## Assignment:
Leaving the pictures aside, transcribe every line below exactly.

(Stored dataset items)
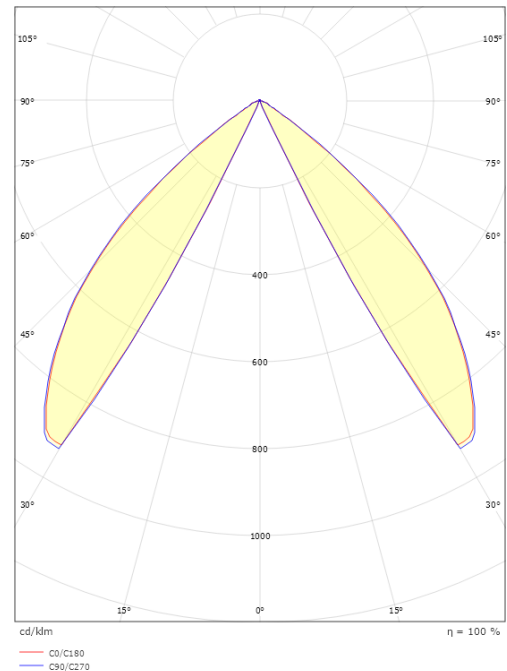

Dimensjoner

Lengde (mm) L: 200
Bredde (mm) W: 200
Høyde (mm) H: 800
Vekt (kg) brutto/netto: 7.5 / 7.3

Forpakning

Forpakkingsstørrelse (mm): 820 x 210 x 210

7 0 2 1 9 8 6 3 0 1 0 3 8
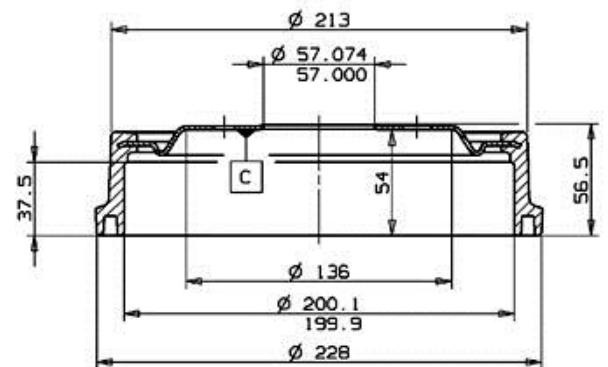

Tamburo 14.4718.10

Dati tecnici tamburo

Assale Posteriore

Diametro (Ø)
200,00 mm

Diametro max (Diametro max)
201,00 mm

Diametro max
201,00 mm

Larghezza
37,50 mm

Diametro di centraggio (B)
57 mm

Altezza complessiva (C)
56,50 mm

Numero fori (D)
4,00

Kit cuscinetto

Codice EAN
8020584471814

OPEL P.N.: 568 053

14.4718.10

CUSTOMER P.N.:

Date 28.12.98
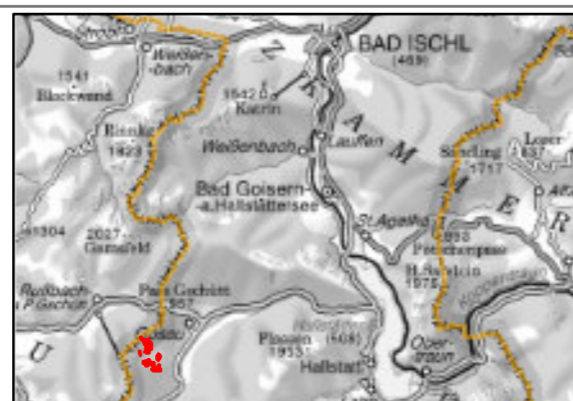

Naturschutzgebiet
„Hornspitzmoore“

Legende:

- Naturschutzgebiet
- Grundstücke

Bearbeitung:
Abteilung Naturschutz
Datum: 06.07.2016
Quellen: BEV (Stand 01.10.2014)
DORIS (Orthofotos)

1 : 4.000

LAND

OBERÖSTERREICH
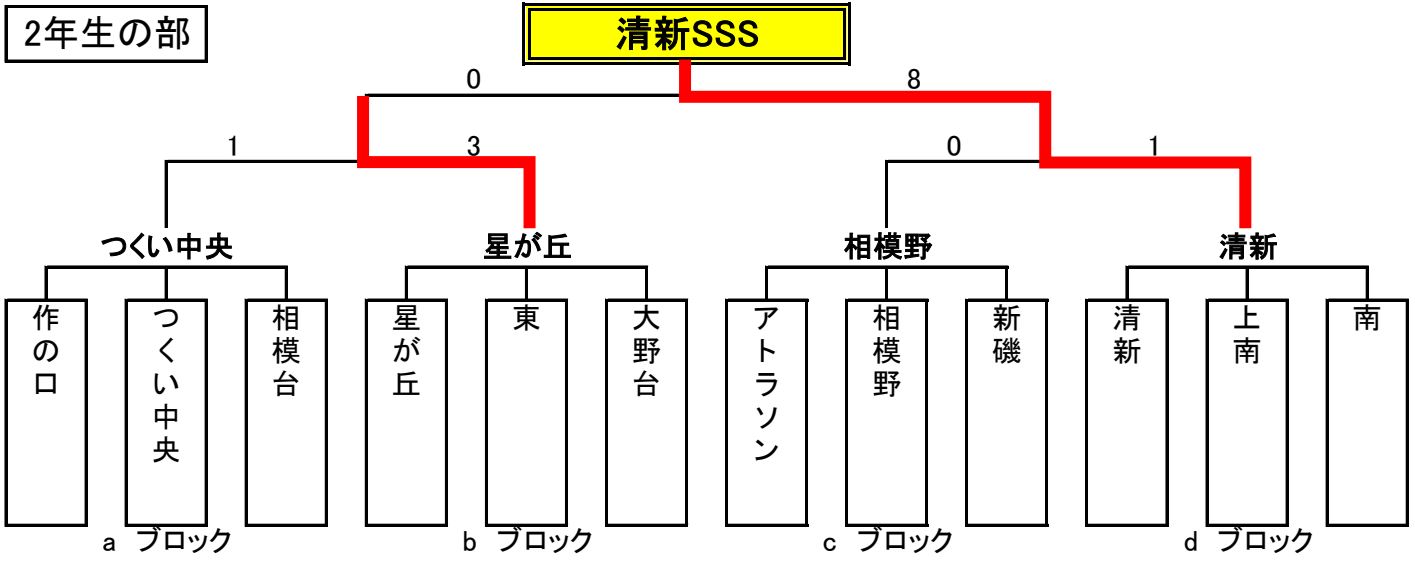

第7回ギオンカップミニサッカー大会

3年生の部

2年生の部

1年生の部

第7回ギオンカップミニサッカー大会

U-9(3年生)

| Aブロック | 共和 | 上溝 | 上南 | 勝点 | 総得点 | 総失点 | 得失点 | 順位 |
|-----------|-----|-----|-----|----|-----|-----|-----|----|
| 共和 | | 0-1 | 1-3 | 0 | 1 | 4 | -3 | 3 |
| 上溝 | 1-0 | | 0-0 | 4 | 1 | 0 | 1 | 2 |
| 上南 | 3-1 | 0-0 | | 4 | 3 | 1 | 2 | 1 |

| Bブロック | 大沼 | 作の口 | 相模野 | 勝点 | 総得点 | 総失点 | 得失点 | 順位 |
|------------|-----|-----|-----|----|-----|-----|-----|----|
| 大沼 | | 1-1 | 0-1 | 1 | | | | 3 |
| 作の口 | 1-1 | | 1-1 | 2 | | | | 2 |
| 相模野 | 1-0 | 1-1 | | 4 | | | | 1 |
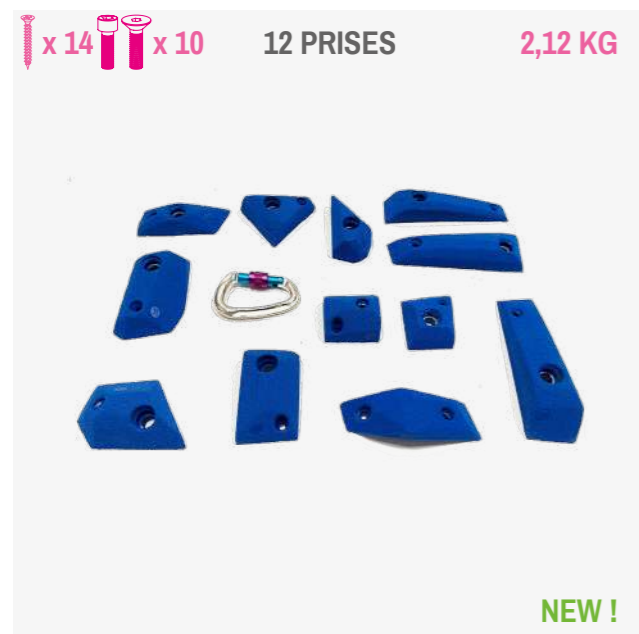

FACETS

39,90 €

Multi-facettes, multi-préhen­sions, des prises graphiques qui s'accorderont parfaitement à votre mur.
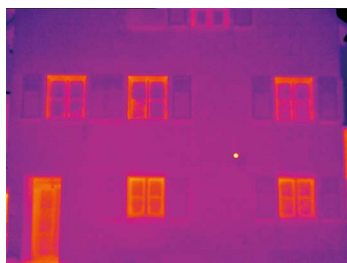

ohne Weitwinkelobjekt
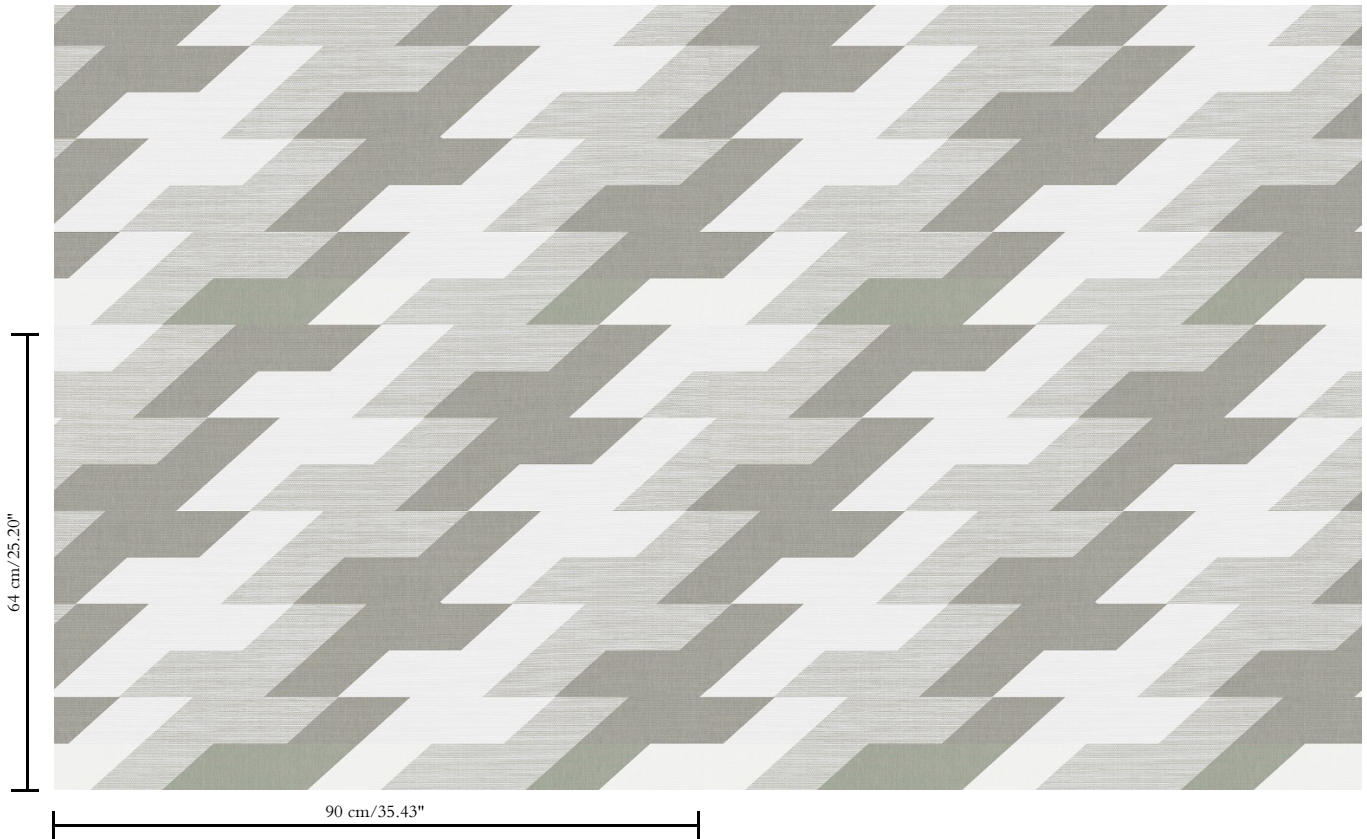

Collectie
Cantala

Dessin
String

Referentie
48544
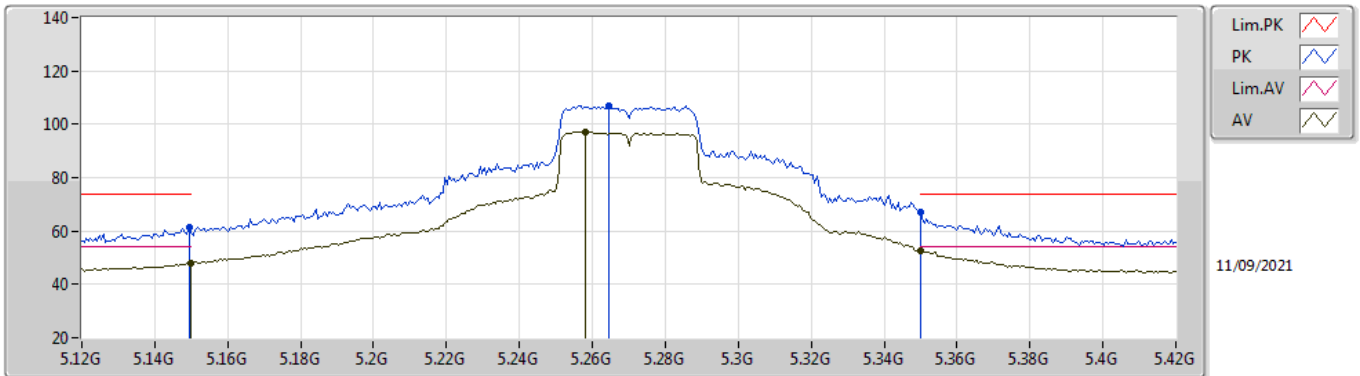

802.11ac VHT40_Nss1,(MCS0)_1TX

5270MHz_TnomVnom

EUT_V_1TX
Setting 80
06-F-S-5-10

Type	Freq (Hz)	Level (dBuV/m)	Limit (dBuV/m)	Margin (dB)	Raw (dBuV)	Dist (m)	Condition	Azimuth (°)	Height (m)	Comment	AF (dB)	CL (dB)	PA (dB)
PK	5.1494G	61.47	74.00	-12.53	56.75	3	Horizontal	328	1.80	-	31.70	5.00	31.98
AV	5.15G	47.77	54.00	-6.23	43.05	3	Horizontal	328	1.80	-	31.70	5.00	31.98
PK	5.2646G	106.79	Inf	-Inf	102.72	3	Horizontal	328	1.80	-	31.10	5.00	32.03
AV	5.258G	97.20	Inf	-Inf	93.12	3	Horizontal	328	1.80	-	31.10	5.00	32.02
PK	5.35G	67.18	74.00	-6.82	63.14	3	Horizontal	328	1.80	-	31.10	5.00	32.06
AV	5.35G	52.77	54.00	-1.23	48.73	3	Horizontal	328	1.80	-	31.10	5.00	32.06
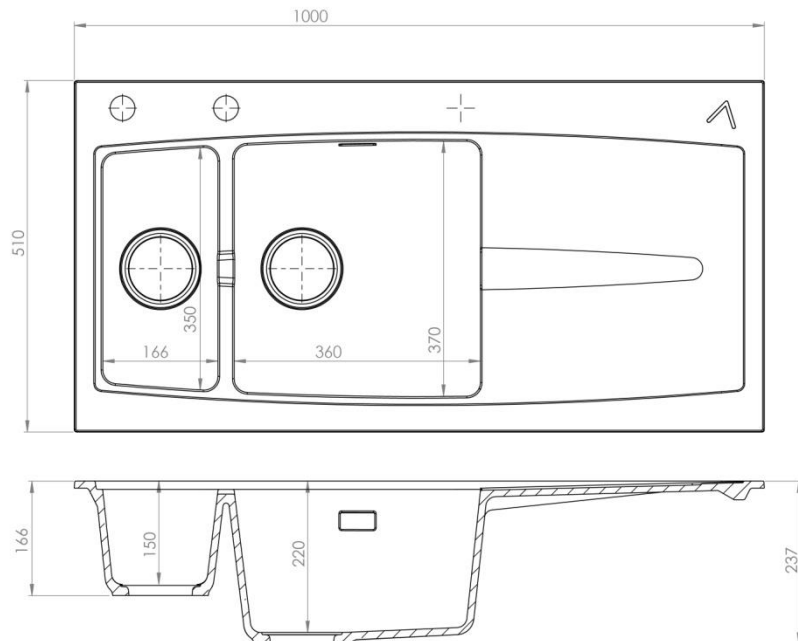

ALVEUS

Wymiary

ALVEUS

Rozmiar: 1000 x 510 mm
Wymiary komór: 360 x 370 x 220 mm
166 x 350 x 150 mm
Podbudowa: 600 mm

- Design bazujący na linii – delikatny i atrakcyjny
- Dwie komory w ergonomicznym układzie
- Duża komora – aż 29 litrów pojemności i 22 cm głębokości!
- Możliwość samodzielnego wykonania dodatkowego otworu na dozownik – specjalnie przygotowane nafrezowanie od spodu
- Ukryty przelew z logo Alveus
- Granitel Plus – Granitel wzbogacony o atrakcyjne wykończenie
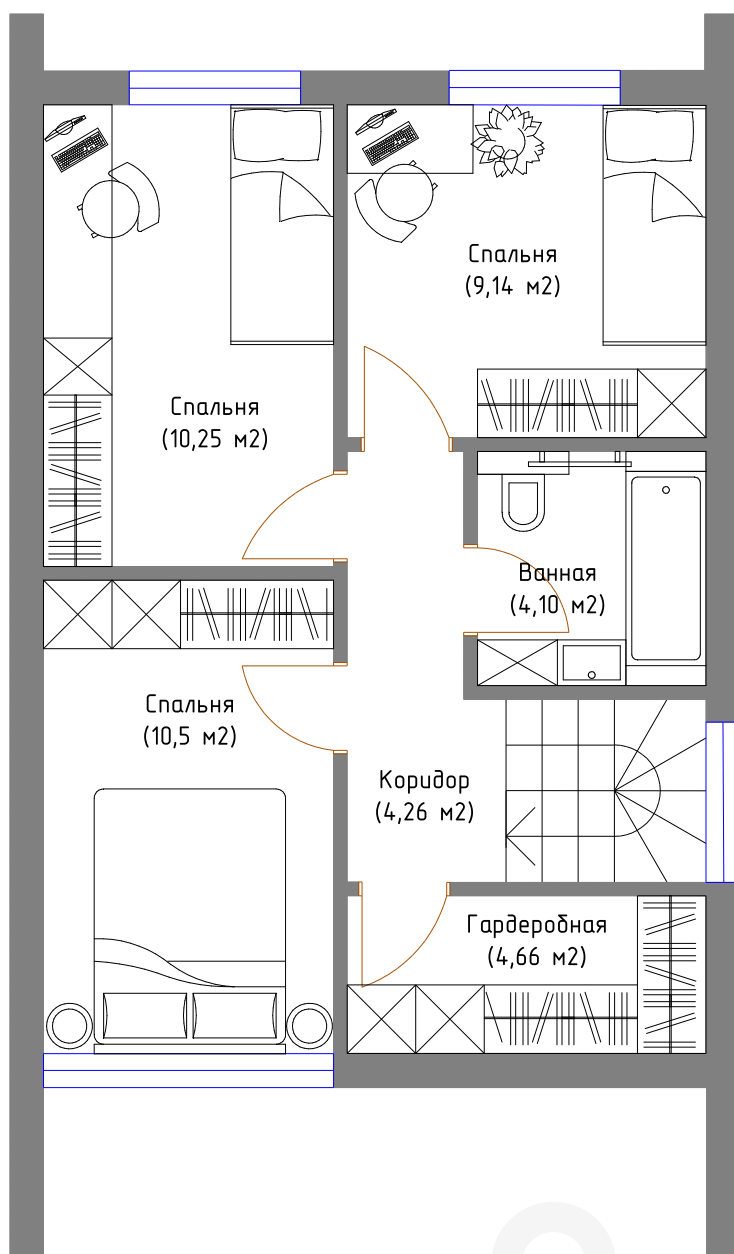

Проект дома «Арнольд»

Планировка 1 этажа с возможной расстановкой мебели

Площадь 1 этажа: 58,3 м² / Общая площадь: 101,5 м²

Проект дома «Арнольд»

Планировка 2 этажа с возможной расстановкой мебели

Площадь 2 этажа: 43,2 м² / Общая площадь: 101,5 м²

## Written response:
Dimensjoner

Lengde (mm) L: 200
Bredde (mm) W: 200
Høyde (mm) H: 800
Vekt (kg) brutto/netto: 7.5 / 7.3

Forpakning

Forpakkingsstørrelse (mm): 820 x 210 x 210

7 0 2 1 9 8 6 3 0 1 0 3 8

Tamburo 14.4718.10

Dati tecnici tamburo

Assale Posteriore

Diametro (Ø)
200,00 mm

Diametro max (Diametro max)
201,00 mm

Diametro max
201,00 mm

Larghezza
37,50 mm

Diametro di centraggio (B)
57 mm

Altezza complessiva (C)
56,50 mm

Numero fori (D)
4,00

Kit cuscinetto

Codice EAN
8020584471814

OPEL P.N.: 568 053

14.4718.10

CUSTOMER P.N.:

Date 28.12.98

Naturschutzgebiet
„Hornspitzmoore“

Legende:

- Naturschutzgebiet
- Grundstücke

Bearbeitung:
Abteilung Naturschutz
Datum: 06.07.2016
Quellen: BEV (Stand 01.10.2014)
DORIS (Orthofotos)

1 : 4.000

LAND

OBERÖSTERREICH

第7回ギオンカップミニサッカー大会

3年生の部

2年生の部

1年生の部

第7回ギオンカップミニサッカー大会

U-9(3年生)

| Aブロック | 共和 | 上溝 | 上南 | 勝点 | 総得点 | 総失点 | 得失点 | 順位 |
|-----------|-----|-----|-----|----|-----|-----|-----|----|
| 共和 | | 0-1 | 1-3 | 0 | 1 | 4 | -3 | 3 |
| 上溝 | 1-0 | | 0-0 | 4 | 1 | 0 | 1 | 2 |
| 上南 | 3-1 | 0-0 | | 4 | 3 | 1 | 2 | 1 |

| Bブロック | 大沼 | 作の口 | 相模野 | 勝点 | 総得点 | 総失点 | 得失点 | 順位 |
|------------|-----|-----|-----|----|-----|-----|-----|----|
| 大沼 | | 1-1 | 0-1 | 1 | | | | 3 |
| 作の口 | 1-1 | | 1-1 | 2 | | | | 2 |
| 相模野 | 1-0 | 1-1 | | 4 | | | | 1 |

FACETS

39,90 €

Multi-facettes, multi-préhen­sions, des prises graphiques qui s'accorderont parfaitement à votre mur.

ohne Weitwinkelobjekt

Collectie
Cantala

Dessin
String

Referentie
48544

802.11ac VHT40_Nss1,(MCS0)_1TX

5270MHz_TnomVnom

EUT_V_1TX
Setting 80
06-F-S-5-10

Type	Freq (Hz)	Level (dBuV/m)	Limit (dBuV/m)	Margin (dB)	Raw (dBuV)	Dist (m)	Condition	Azimuth (°)	Height (m)	Comment	AF (dB)	CL (dB)	PA (dB)
PK	5.1494G	61.47	74.00	-12.53	56.75	3	Horizontal	328	1.80	-	31.70	5.00	31.98
AV	5.15G	47.77	54.00	-6.23	43.05	3	Horizontal	328	1.80	-	31.70	5.00	31.98
PK	5.2646G	106.79	Inf	-Inf	102.72	3	Horizontal	328	1.80	-	31.10	5.00	32.03
AV	5.258G	97.20	Inf	-Inf	93.12	3	Horizontal	328	1.80	-	31.10	5.00	32.02
PK	5.35G	67.18	74.00	-6.82	63.14	3	Horizontal	328	1.80	-	31.10	5.00	32.06
AV	5.35G	52.77	54.00	-1.23	48.73	3	Horizontal	328	1.80	-	31.10	5.00	32.06

ALVEUS

Wymiary

ALVEUS

Rozmiar: 1000 x 510 mm
Wymiary komór: 360 x 370 x 220 mm
166 x 350 x 150 mm
Podbudowa: 600 mm

- Design bazujący na linii – delikatny i atrakcyjny
- Dwie komory w ergonomicznym układzie
- Duża komora – aż 29 litrów pojemności i 22 cm głębokości!
- Możliwość samodzielnego wykonania dodatkowego otworu na dozownik – specjalnie przygotowane nafrezowanie od spodu
- Ukryty przelew z logo Alveus
- Granitel Plus – Granitel wzbogacony o atrakcyjne wykończenie

Проект дома «Арнольд»

Планировка 1 этажа с возможной расстановкой мебели

Площадь 1 этажа: 58,3 м² / Общая площадь: 101,5 м²

Проект дома «Арнольд»

Планировка 2 этажа с возможной расстановкой мебели

Площадь 2 этажа: 43,2 м² / Общая площадь: 101,5 м²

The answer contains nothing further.